Job: Symmetry search utility

Description

Search a volume for candidate helical symmetry parameters, by comparing the mean squared error across symmetry-related positions for different symmetry parameters.

Input

• Volume

• Mask (optional)

Output

• 2D and 1D plots of the mean squared error surface

• Tables of candidate symmetry pairs

• Symmetry candidates (.cs file)

Parameters

This job performs a low-level searching operation over symmetry parameters, similar to the search in helical refinement, except with more diagnostic plots and allowing for larger search ranges.
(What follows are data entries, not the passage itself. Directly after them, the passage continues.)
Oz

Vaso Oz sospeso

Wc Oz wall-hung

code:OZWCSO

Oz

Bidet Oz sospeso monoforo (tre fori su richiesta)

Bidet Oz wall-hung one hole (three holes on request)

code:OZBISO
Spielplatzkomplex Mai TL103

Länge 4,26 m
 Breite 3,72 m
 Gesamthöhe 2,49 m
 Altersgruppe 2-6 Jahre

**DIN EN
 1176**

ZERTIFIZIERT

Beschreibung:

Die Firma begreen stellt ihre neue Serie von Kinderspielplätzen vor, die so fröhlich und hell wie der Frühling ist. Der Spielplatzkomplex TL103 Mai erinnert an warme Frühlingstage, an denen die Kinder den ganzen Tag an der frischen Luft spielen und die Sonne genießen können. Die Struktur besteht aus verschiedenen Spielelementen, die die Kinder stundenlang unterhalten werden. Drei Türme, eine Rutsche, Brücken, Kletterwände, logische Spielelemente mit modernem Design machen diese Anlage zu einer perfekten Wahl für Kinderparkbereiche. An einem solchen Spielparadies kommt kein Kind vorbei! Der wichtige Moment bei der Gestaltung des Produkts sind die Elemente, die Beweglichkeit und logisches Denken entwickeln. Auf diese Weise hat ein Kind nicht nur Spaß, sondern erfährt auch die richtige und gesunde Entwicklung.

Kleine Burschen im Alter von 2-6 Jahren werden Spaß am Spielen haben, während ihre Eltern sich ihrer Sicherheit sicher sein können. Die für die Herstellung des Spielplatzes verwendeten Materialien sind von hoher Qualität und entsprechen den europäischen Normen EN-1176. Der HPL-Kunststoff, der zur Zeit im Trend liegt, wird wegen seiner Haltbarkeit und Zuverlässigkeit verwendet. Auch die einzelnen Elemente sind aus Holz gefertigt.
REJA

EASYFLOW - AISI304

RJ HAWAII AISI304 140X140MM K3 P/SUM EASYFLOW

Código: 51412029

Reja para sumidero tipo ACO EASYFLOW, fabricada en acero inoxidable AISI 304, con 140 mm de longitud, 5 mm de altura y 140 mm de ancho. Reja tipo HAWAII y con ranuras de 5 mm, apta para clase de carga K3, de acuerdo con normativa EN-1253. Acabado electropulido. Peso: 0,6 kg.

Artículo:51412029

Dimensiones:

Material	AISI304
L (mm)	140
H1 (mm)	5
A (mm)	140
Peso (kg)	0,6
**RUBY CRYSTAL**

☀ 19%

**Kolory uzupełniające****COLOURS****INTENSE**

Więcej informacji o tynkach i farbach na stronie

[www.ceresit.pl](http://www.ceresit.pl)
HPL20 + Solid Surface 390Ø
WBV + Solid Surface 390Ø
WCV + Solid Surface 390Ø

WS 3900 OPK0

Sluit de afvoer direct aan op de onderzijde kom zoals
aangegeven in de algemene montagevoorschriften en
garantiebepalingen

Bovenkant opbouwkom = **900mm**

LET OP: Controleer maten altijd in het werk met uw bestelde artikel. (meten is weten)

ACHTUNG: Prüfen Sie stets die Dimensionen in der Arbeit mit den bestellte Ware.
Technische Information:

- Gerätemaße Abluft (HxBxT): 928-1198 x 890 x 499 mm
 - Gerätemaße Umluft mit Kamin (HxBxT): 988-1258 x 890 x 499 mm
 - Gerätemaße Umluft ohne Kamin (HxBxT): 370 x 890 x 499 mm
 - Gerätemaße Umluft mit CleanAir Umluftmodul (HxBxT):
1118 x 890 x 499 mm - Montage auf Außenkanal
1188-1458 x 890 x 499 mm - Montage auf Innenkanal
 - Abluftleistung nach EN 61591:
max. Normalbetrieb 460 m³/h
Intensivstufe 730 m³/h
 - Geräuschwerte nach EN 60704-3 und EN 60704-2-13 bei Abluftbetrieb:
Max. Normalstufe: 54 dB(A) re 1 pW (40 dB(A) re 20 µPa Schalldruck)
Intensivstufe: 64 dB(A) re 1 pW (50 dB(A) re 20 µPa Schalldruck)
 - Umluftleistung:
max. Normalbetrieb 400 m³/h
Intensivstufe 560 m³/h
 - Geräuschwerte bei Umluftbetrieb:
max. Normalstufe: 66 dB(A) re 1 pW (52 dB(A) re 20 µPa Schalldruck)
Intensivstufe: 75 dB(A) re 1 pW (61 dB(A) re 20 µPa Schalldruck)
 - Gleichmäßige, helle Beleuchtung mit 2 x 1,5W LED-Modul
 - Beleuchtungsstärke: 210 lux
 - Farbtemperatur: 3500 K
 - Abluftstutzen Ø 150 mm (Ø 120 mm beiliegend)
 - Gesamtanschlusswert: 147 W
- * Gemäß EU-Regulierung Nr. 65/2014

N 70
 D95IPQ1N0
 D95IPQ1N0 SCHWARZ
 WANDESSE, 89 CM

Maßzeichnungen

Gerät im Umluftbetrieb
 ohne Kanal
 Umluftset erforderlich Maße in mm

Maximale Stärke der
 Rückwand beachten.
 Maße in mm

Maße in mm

Be sure to read the page detailing for more information on the various characterizations of helical symmetry used by this job, including the differences between the "pitch" and "rise" modes.

General parameters

• Search over pitch/number of subunits, or rise/twist?

  • This parameter controls the "mode" that the searching is done in. Specifically, the search grid can operate in two modes:

    • "pitch" mode, where the search grid is a 2D grid of $(n,p)$values (for a specified hand), or

    • "rise" mode, where the search grid is a a 2D grid of $(\Delta \phi, \Delta z)$values.
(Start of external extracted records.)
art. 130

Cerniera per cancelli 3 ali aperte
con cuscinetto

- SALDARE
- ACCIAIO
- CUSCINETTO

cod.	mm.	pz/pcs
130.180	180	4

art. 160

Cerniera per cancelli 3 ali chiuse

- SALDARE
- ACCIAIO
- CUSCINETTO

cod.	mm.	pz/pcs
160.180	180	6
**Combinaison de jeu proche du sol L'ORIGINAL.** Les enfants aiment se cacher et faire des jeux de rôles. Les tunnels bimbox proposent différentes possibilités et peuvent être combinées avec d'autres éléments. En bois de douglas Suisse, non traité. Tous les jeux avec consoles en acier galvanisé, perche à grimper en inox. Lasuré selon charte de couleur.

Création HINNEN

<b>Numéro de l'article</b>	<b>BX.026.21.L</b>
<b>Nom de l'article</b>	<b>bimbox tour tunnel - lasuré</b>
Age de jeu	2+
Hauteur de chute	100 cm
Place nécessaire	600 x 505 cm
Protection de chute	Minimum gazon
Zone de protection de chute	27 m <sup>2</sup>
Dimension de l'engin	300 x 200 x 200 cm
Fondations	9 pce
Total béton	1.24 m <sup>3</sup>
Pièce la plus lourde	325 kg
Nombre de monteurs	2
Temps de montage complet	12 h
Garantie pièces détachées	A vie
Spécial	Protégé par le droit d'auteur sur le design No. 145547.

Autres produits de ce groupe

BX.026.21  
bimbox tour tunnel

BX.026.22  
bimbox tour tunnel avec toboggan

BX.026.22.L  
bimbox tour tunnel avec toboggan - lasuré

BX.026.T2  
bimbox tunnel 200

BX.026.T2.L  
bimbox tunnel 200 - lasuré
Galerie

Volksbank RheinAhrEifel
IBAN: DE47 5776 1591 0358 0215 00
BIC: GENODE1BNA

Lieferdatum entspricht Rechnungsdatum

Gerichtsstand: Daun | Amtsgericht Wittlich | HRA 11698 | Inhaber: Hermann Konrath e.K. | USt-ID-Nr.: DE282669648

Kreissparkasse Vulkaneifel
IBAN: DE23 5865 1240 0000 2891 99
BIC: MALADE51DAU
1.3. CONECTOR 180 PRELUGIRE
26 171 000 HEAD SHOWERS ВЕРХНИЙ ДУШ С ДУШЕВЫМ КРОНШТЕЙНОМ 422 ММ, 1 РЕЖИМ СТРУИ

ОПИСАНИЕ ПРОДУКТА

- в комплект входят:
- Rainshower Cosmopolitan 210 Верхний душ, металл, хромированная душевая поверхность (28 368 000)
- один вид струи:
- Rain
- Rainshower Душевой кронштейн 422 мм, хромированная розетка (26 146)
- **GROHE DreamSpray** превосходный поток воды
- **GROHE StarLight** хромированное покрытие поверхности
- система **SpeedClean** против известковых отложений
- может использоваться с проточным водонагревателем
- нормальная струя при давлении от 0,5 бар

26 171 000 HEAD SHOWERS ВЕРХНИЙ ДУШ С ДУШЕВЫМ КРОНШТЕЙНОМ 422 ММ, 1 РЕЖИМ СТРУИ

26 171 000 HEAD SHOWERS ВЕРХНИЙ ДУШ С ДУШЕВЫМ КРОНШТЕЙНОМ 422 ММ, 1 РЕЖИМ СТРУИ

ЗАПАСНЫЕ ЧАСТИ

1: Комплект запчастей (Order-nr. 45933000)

  • Generally, it's more informative to run this job "pitch" mode, as the job will search the volume over both left and right handed symmetry parameters, as well as writing additional 1D error plots where only one variable (n, or p) is allowed to vary. The exception to this is helices with very large asymmetric units, where the asymmetric units don't actually form a helical lattice so the "pitch" view is less interpretable

• Search grid sizes (number of grid points)
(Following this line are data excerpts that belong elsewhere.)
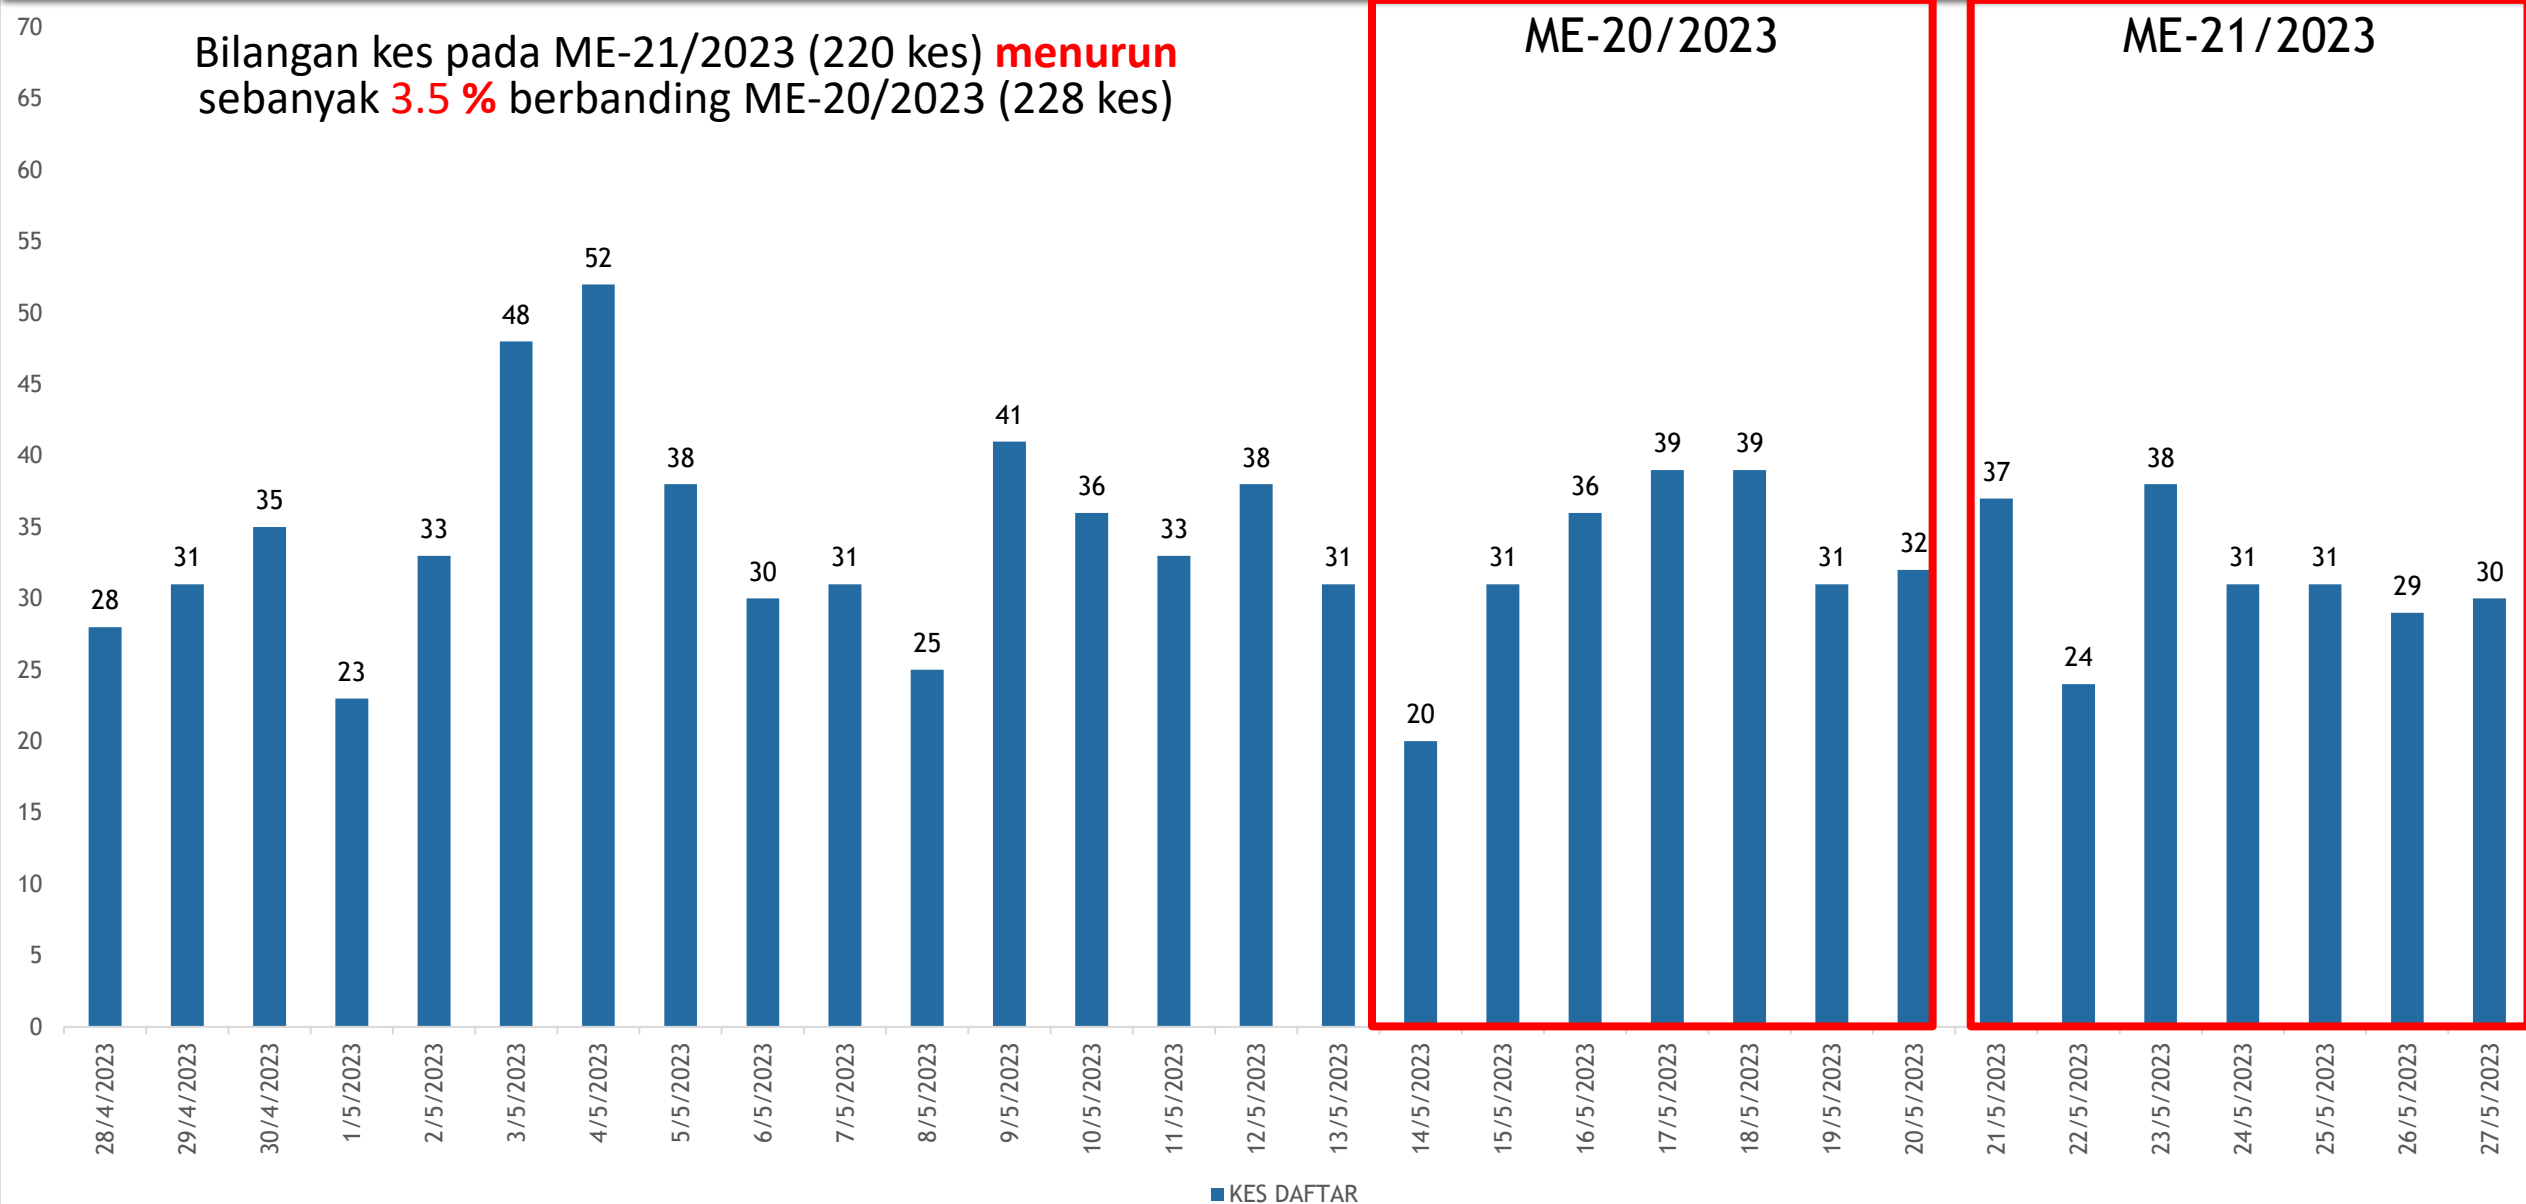

PERBEZAAN KES MENGIKUT DAERAH BAGI NEGERI PULAU PINANG BAGI TAHUN 2022 DAN TAHUN 2023 (HINGGA ME-21)

DAERAH	TAHUN				%KES DAFTAR MENURUN/ MENINGKAT
	2022		2023		
	JUM	%	JUM	%	
DTL	70	1.60	560	12.83	700.00
DBD	37	0.85	398	9.12	975.68
SPU	43	0.98	281	6.44	553.49
SPT	55	1.26	2377	54.44	4221.82
SPS	9	0.21	750	17.18	8233.33
JUMLAH	214	100.00	4366	100.00	1940.19

KELUK EPID DENGGI PULAU PINANG 2023

Bilangan kes pada ME-21/2023 (220 kes) **menurun** sebanyak **3.5 %** berbanding ME-20/2023 (228 kes)

  • This controls the number of grid points to use in the 2D search. Generally, it is not necessary to change these from the defaults. For faster computation time, these can be decreased. For large search ranges, these could be increased to increase the fineness of the search (up to a maximum of 512).

• Override the number of asymmetric units to search

  • Number of asymmetric units (i.e. helical rises) to search over. If left as None, will be calculated automatically in the same way as in helical refinement.

• Override outer (inner) filament diameter for search (Å)

  • The inner and outer diameters to search over can be forced to specific values in Angstroms. If these are left as None, these will be calculated automatically from the radial extent of a mask (either passed to the job, or generated within the job).

• Maximum number of local minima

  • The two parameters Maximum number of local minima to display in the stream log and Maximum number of local minima to output can be increased to return more of the local minima ("symmetry candidates") in the streamlog and in the outputs, respectively

Pitch mode

• Search grid extents over helical pitch (Å) and number of subunits per turn
• Helical hand

Rise mode

• Search grid extents over helical rise (Å) and twist (degrees)

  • Similar to the search extents in the pitch mode, these should be set to a pair in the form x,y where x is the lower search range and y is the upper search range

Volume parameters

• Lowpass resolution (Å), filter type, and order

  • Optionally, the volume can be lowpass filtered using either a butterworth filter (with specified order) or boxcar lowpass filter, to a given resolution

• Which map to search

  • This parameter can be set to search either the raw map or the sharpened map_sharp

Use cases, notes, and limitations

The primary use case of the search utility is after ab-initio reconstruction or helical refinement, to determine what helical symmetry exists in the reconstructed volume. The job is useful for searching over a relatively large search range of symmetry parameters, and reporting the best fit, which can be used as input symmetry parameters to a subsequent helical refinement. For each helical hand searched over, a table of local optima of the error are printed out, ranked by their MSE values; the global optimum is the first entry on the table. If both left and right hands are searched over, the first job checkpoint will show plots and tables for right handed symmetry parameters, and the second job checkpoint for left handed symmetry parameters. Note that due to the the maximum helical rise searched over is constrained by the box size of the volume, thus excessively large search ranges may not be allowed by the job.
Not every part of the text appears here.